Below are entries. Reproduce exactly the lines between the line holding "Beramkravu kuģis |" and the line holding "MOTIF Marine |", inclusive, and only those.

**EXERCISE DATA**:
* * *

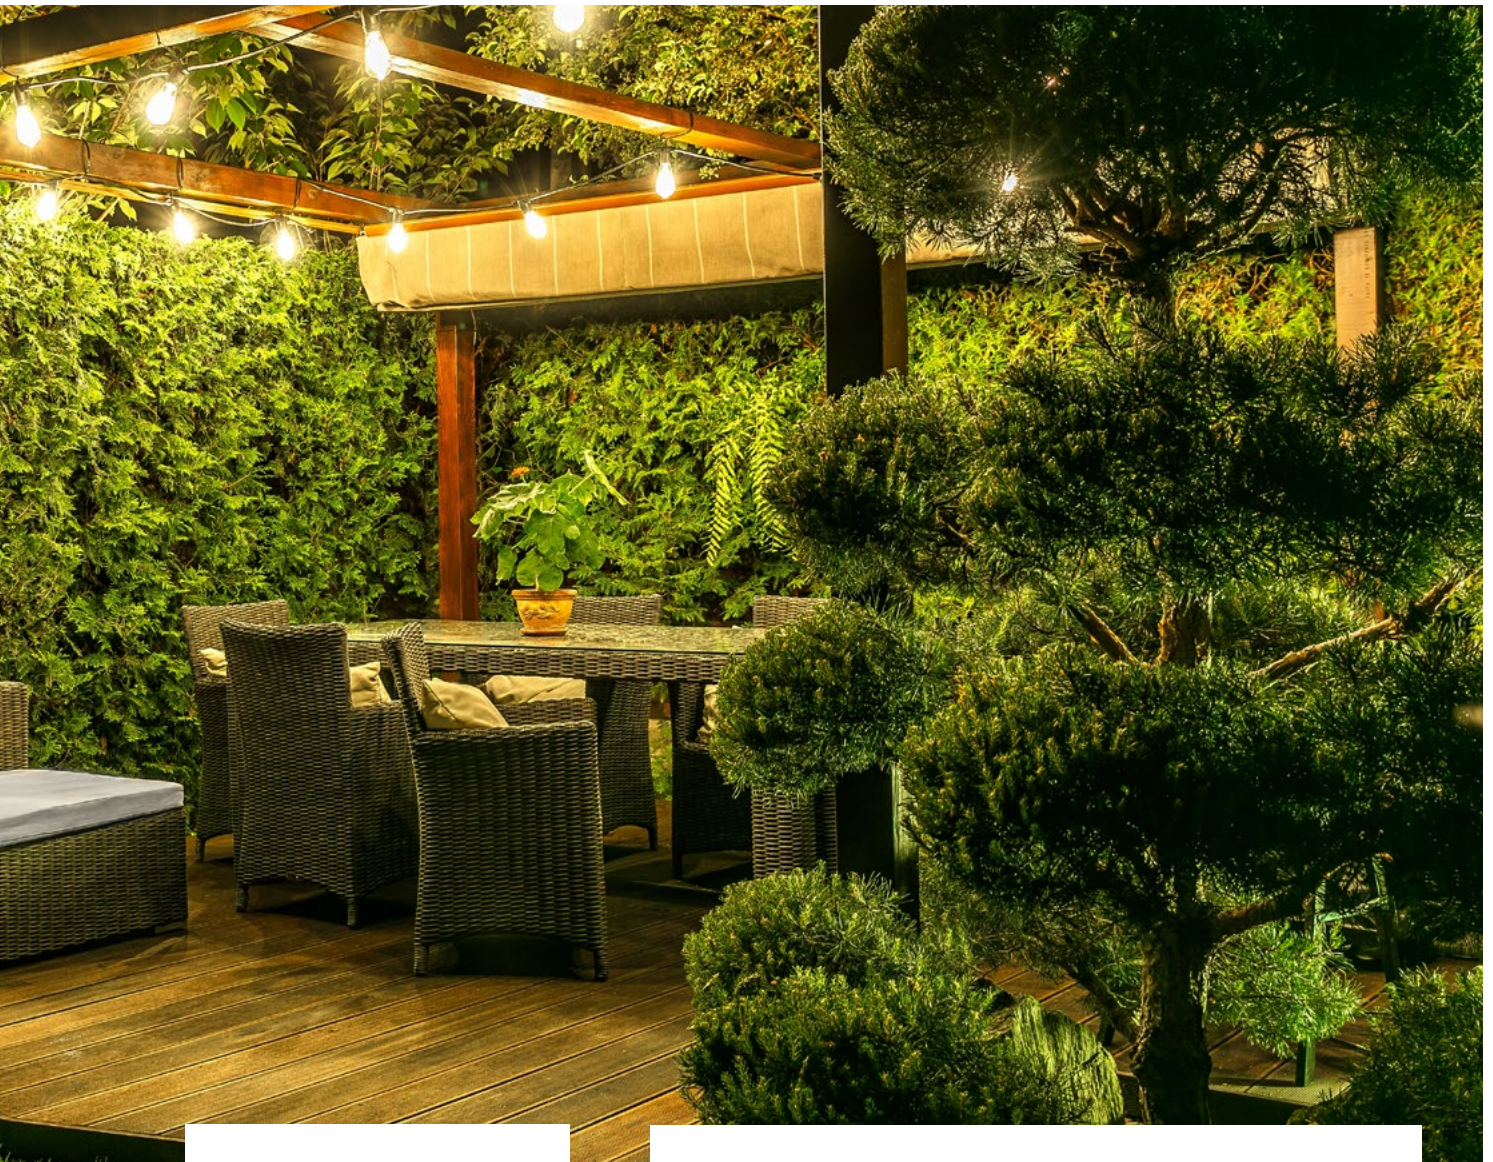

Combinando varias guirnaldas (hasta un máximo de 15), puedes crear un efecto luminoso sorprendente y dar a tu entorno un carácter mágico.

* * *

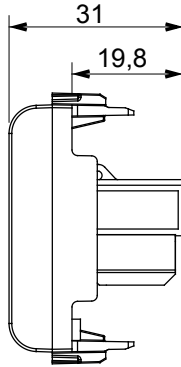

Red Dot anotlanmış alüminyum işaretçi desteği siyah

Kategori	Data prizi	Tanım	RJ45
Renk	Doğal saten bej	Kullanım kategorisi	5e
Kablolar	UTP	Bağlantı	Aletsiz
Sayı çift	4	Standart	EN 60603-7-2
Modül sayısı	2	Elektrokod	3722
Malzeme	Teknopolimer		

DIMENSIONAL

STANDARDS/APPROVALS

* * *

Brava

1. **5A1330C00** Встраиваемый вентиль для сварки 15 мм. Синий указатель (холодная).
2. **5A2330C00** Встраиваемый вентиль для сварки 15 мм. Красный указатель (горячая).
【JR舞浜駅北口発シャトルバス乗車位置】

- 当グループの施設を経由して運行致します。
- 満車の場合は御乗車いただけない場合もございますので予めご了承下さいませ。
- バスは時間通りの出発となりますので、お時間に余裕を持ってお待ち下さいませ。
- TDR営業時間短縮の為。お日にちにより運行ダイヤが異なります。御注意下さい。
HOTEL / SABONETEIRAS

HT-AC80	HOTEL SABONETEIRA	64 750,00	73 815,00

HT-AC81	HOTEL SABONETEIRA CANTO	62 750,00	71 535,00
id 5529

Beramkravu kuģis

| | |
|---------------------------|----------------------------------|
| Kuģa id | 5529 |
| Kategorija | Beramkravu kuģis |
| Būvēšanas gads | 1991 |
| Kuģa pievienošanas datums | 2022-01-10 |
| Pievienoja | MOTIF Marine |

* * *

**EXERCISE OUTPUT**:
| Kategorija | Beramkravu kuģis |
| Būvēšanas gads | 1991 |
| Kuģa pievienošanas datums | 2022-01-10 |
| Pievienoja | MOTIF Marine |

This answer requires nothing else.